Mit dem Arbeitslosengeld Q will die SPD die Weiterbildung von Arbeitslosen in den Fokus rücken. Finden sie binnen drei Monaten keinen Job, sollen sie künftig das Recht auf Qualifizierung haben. In dieser Zeit erhalten sie das neue ALG Q. Während Kritiker die Gefahr einer Frühverrentungswelle sehen, begrüßen Gewerkschaften die SPD-Pläne als richtigen Schritt.

Arbeitslose könnten bald besser bei Weiterbildungen unterstützt werden. Denn während derzeit Qualifizierungsmaßnahmen zur Hälfte auf die Zahldauer des Arbeitslosengeldes I angerechnet werden, sollen arbeitssuchende Menschen künftig ein Recht auf Qualifizierung und ein gesondertes Arbeitslosengeld Q haben. Bis zu vier Jahre könnten Arbeitslose dann Leistungen der Arbeitslosenversicherung beziehen.

Mit dem ALG Q will die SPD "Arbeitssuchende besser vor dem sozialen Abstieg schützen." Insbesondere Älteren, die arbeitslos werden, soll die Chance gegeben werden, mit neuen Fähigkeiten offene Stellen zu besetzen und nicht in Hartz 4 abzurutschen. Im Zuge der SPD-Pläne zur besseren Qualifizierung von arbeitssuchenden Menschen ist auch vorgesehen, dass mehr Menschen Anspruch auf ALG I haben sollen. Doch während das Vorhaben bei Gewerkschaften auf Zustimmung stößt, zeigt sich der Koalitionspartner kritisch.

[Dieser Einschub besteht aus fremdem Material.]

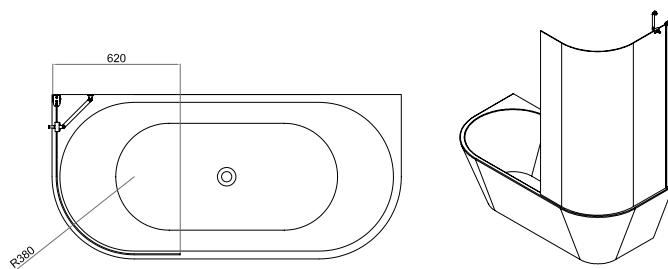

Combi Wand2

Baignoire îlot Wand2
+ Ecran fixe courbe Wand

Une solution innovante pour petites salles de bain

Avec Wand2, Jacuzzi® a revisité les codes traditionnels de la baignoire îlot avec un design moderne pour une installation murale. Dans le même esprit, Jacuzzi® a conçu une paroi de baignoire dont la forme et le style permettent de proposer un CombiWand (baignoire îlot & écran), à la fois séduisant et novateur.

Caractéristiques
Verre : 5 mm, clair, courbe
Profils : argent brillant satiné
Dimensions : H 150 cm / L (développée) 122 cm
Modèle : réversible (installation à droite ou à gauche)

Les produit

- Limite les projections d'eau
- Large zone de douche
- Raidisseur avec patère chromé
- Design monobloc avec parois fines
- Espace confortable
- Idéale pour projet de rénovation
- Installation : facile et rapide

Neues ALG Q, länger ALG I und höherer Hartz-4-Freibetrag

Die gestern von Arbeitsministerin Andrea Nahles (SPD) und SPD-Generalsekretärin Katarina Barley in Berlin vorgestellten Pläne zum Arbeitslosengeld Q sehen drei zentrale Punkte vor:

  • Arbeitssuchende Menschen, die innerhalb von drei Monaten keinen neuen Job finden, haben das Recht auf eine Weiterbildung. Bisher liegt dies im Ermessen der Arbeitsagentur. Während der Qualifizierung erhalten Arbeitslose das ALG Q in Höhe des ALG I. Die Weiterbildung ist auch noch mit 62 Jahren möglich.
  • Der Anspruch auf ALG I soll nicht mehr wie bisher erst dann gelten, wenn Arbeitssuchende in den zwei Jahren vor Arbeitslosigkeit mindestens zwölf Monate in die Arbeitslosenversicherungeingezahlt haben. Stattdessen reichen nach den SPD-Vorstellungen zehn Monate innerhalb von drei Jahren aus.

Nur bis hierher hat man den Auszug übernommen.